◆ **INFORMATION PROVIDED**

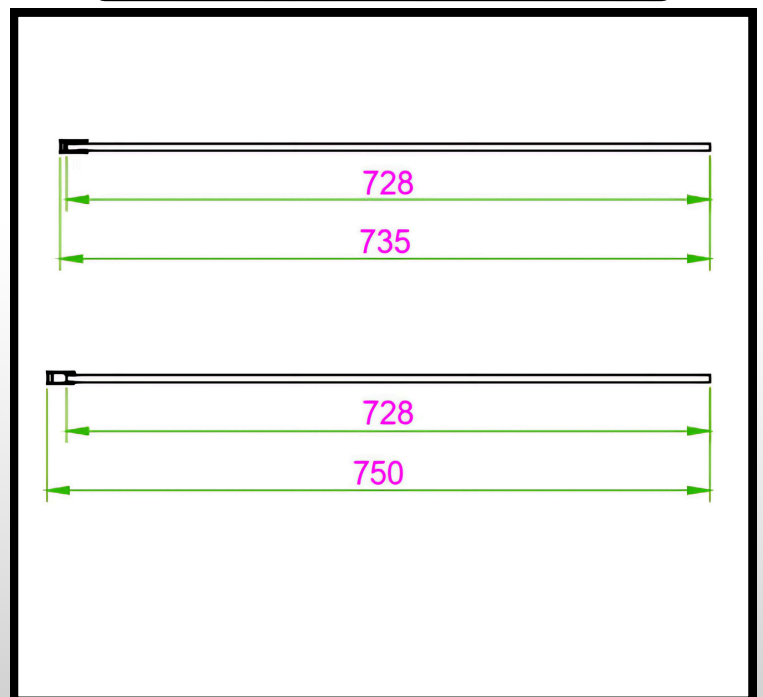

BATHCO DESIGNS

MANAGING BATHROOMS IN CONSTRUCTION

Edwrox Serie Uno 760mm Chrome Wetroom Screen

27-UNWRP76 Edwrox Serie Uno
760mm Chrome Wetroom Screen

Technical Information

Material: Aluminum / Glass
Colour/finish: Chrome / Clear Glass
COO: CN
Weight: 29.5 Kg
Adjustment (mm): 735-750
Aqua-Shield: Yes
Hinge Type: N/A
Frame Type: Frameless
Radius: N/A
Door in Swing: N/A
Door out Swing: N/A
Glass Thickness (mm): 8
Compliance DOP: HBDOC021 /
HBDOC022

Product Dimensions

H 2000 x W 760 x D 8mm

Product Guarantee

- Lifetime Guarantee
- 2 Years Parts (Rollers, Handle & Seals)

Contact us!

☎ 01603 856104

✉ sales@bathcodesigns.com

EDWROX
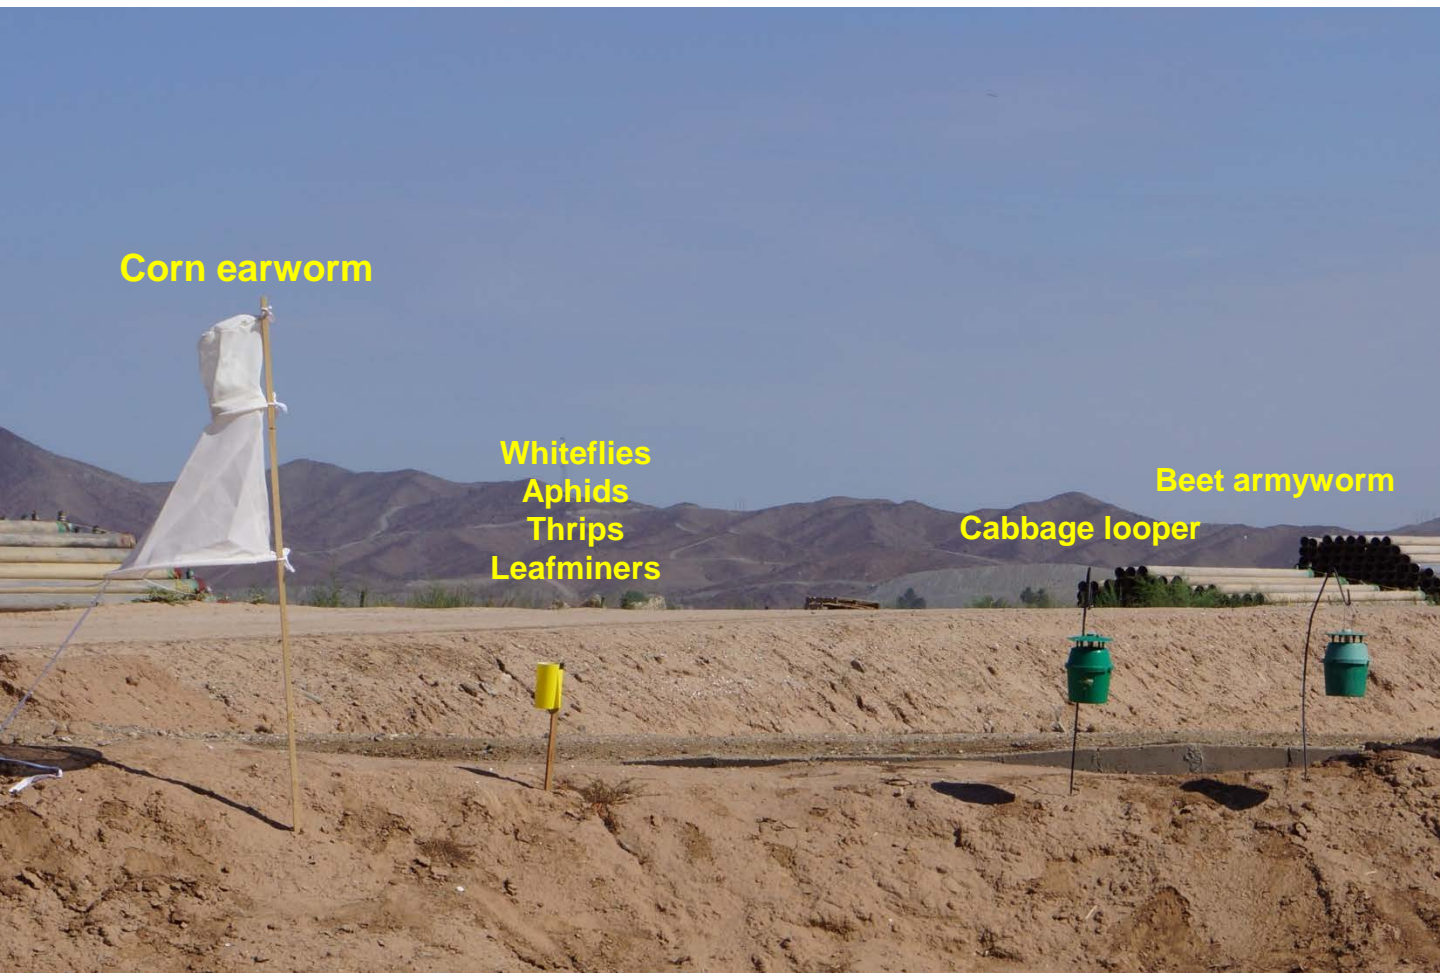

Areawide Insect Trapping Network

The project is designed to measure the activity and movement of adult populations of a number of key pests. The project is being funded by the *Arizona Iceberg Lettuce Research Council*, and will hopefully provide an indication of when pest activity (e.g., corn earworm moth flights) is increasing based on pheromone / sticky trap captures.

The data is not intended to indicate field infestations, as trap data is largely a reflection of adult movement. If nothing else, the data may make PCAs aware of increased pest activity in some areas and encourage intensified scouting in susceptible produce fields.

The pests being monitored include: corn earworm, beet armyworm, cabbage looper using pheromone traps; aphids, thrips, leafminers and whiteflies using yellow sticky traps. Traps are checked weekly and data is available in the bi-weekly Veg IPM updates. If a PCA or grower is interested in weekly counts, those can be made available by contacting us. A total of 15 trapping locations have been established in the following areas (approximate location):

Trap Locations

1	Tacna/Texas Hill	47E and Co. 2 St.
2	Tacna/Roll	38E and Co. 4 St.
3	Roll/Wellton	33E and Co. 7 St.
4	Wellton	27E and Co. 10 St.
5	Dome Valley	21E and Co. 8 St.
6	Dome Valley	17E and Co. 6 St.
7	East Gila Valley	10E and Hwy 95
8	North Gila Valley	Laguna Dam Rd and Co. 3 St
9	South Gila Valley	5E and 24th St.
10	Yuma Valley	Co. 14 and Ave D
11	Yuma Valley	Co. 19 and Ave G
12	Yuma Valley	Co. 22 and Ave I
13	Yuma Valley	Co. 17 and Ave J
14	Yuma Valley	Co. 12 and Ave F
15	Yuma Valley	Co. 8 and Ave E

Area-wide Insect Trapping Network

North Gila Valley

◆ **WHAT THE TASK ASKS**
Would you transcribe the lines above exactly, going from the line bearing "Material: Aluminum / Glass" through the line bearing "The data is", and drop the pictures from the copy?

◆ **ANSWER TO THIS PROBLEM**
Material: Aluminum / Glass
Colour/finish: Chrome / Clear Glass
COO: CN
Weight: 29.5 Kg
Adjustment (mm): 735-750
Aqua-Shield: Yes
Hinge Type: N/A
Frame Type: Frameless
Radius: N/A
Door in Swing: N/A
Door out Swing: N/A
Glass Thickness (mm): 8
Compliance DOP: HBDOC021 /
HBDOC022

Product Dimensions

H 2000 x W 760 x D 8mm

Product Guarantee

- Lifetime Guarantee
- 2 Years Parts (Rollers, Handle & Seals)

Contact us!

☎ 01603 856104

✉ sales@bathcodesigns.com

EDWROX

Areawide Insect Trapping Network

The project is designed to measure the activity and movement of adult populations of a number of key pests. The project is being funded by the *Arizona Iceberg Lettuce Research Council*, and will hopefully provide an indication of when pest activity (e.g., corn earworm moth flights) is increasing based on pheromone / sticky trap captures.

The data is not intended to indicate field infestations, as trap data is largely a reflection of adult movement. If nothing else, the data may make PCAs aware of increased pest activity in some areas and encourage intensified scouting in susceptible produce fields.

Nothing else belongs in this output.